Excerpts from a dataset
* * * * * * *

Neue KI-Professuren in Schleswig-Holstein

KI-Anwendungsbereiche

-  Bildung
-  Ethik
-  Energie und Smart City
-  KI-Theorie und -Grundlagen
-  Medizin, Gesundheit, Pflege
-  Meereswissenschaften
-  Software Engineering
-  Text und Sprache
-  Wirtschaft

* * * * * * *

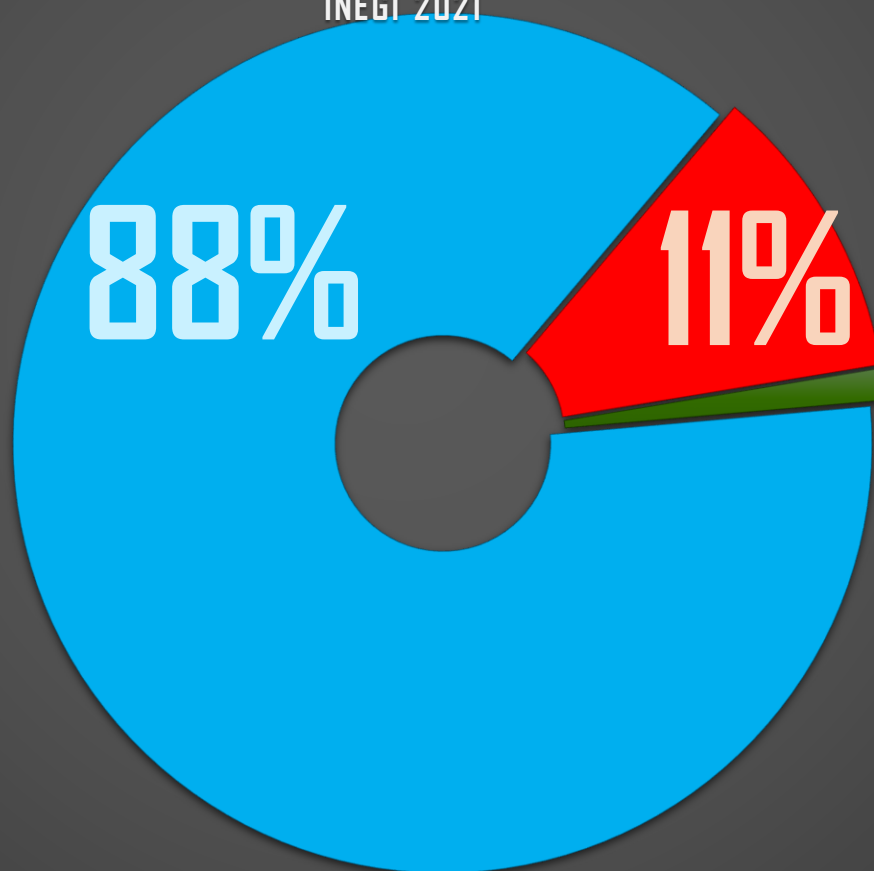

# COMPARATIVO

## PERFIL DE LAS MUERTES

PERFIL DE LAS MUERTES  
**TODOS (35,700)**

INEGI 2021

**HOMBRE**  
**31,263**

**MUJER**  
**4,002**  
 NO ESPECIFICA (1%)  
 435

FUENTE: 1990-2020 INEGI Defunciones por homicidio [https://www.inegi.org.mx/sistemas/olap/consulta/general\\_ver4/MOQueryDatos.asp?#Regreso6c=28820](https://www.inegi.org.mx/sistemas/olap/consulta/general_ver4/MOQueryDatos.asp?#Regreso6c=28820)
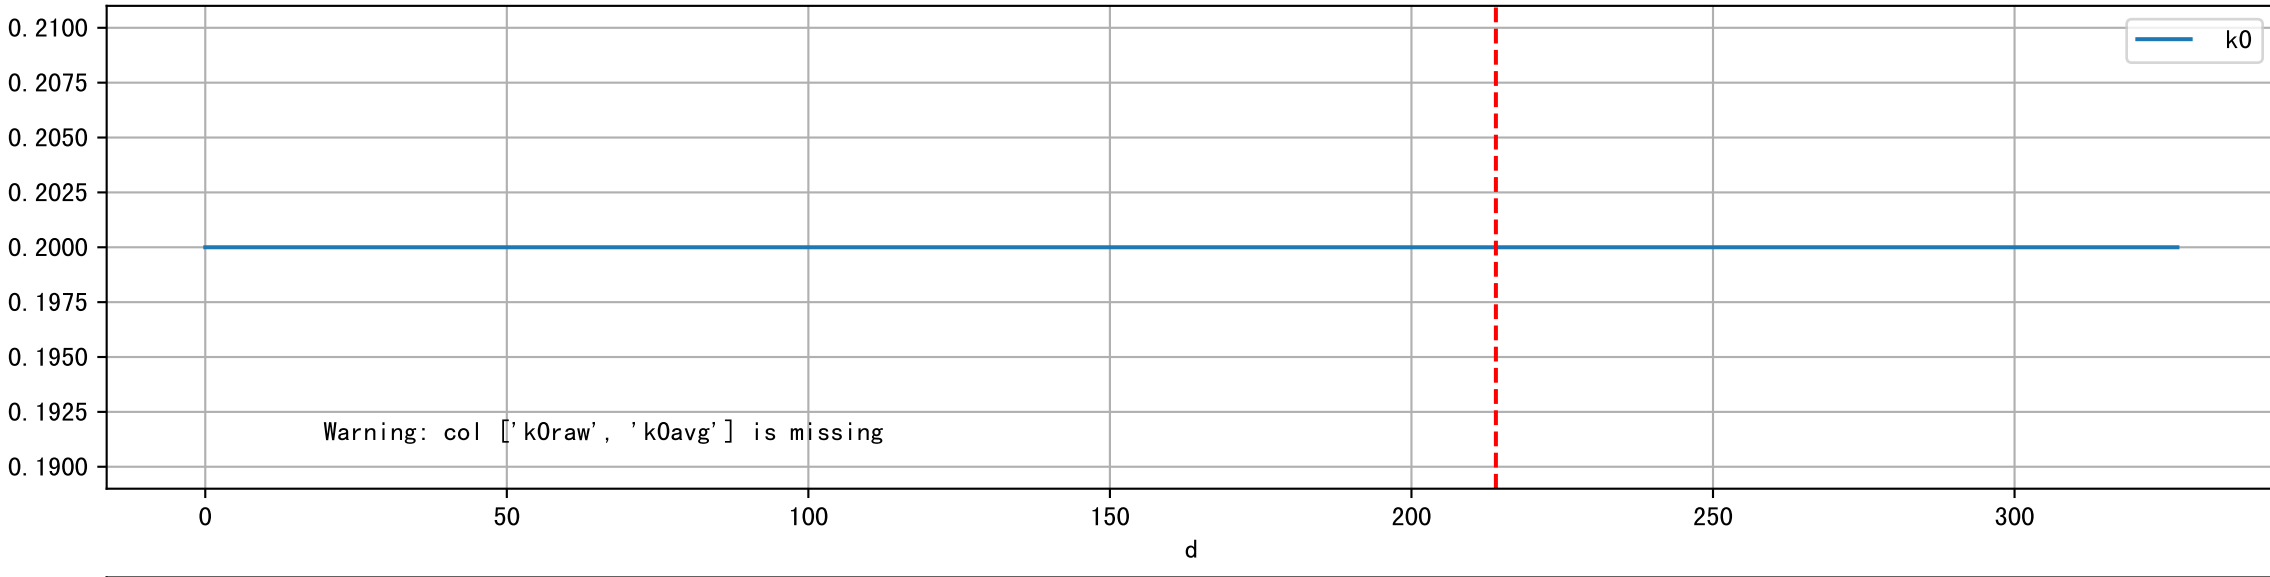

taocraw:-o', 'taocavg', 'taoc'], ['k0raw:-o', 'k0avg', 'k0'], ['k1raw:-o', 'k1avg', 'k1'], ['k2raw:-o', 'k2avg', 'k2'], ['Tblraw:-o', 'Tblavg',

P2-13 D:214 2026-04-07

* * * * * * *

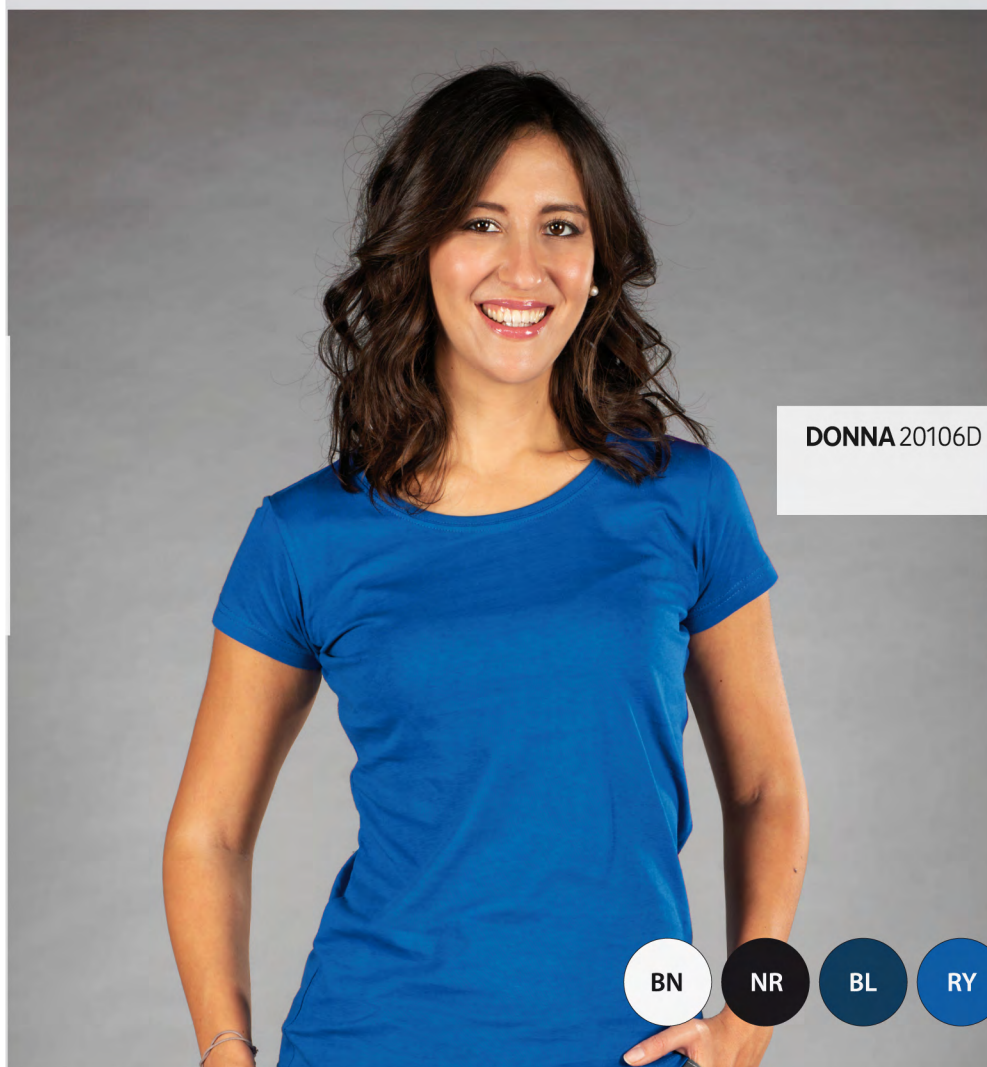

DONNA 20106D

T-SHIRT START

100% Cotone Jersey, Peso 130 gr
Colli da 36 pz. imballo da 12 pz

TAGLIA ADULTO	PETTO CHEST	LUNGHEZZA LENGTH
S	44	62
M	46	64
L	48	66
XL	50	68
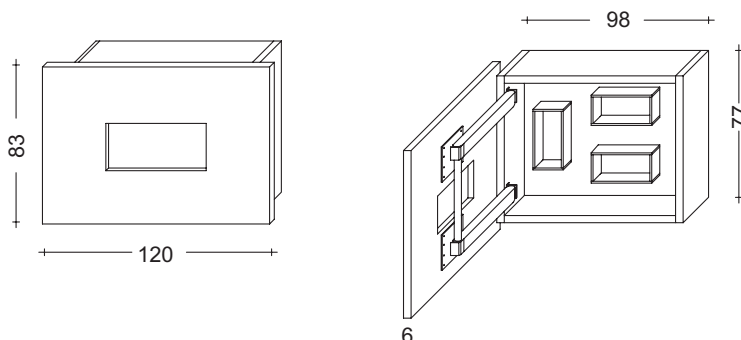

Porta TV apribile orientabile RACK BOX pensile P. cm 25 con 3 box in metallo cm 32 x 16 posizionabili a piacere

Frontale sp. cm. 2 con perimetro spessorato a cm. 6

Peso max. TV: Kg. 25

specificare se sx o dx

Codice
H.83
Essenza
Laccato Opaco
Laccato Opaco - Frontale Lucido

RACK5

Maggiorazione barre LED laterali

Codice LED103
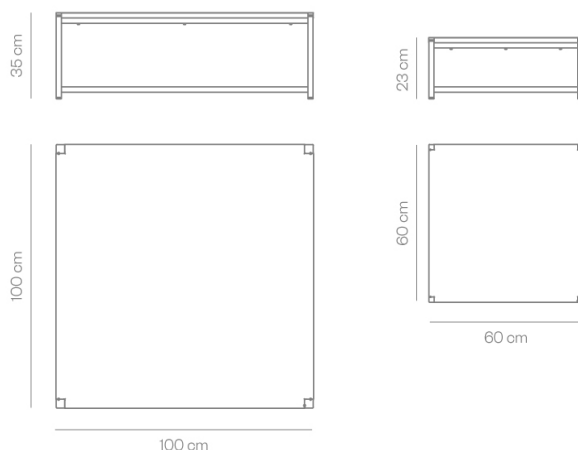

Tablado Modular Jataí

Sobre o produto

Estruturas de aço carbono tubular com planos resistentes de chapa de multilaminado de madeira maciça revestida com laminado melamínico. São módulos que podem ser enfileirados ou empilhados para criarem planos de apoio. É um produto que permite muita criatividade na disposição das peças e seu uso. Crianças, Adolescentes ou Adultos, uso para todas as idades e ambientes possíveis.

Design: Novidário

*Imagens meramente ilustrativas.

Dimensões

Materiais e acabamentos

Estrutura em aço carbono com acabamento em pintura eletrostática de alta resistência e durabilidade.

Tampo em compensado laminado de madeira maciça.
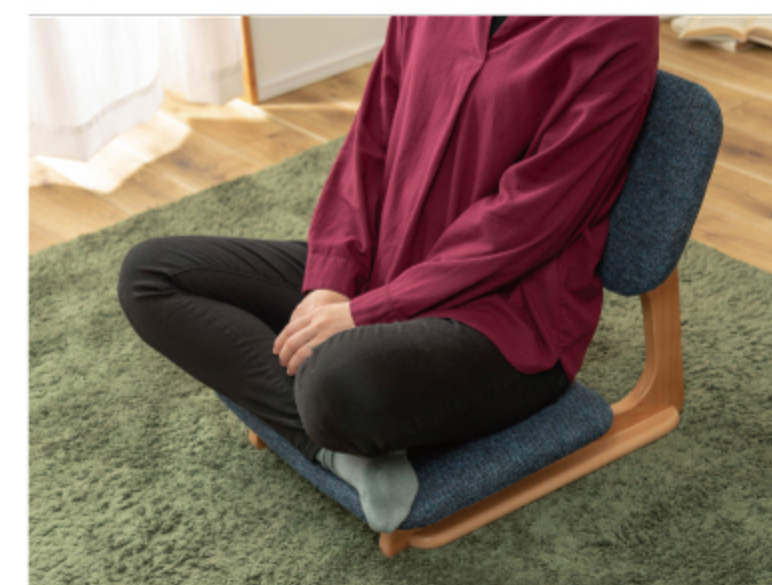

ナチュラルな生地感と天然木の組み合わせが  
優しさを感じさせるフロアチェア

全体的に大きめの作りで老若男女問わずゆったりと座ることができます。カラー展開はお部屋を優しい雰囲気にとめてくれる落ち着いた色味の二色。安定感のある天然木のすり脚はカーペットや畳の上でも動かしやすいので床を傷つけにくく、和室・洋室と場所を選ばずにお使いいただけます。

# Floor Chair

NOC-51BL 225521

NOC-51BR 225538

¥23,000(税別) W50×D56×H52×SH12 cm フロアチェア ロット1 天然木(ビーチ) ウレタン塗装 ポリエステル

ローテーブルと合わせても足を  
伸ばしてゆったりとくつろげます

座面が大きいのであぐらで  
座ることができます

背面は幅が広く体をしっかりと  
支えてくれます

* * * * * * *

- _EXERCISE DIRECTIONS_
All lines in the records that contain "Laccato" are to be copied and returned.

- _EXERCISE OUTPUT_
Laccato Opaco
Laccato Opaco - Frontale Lucido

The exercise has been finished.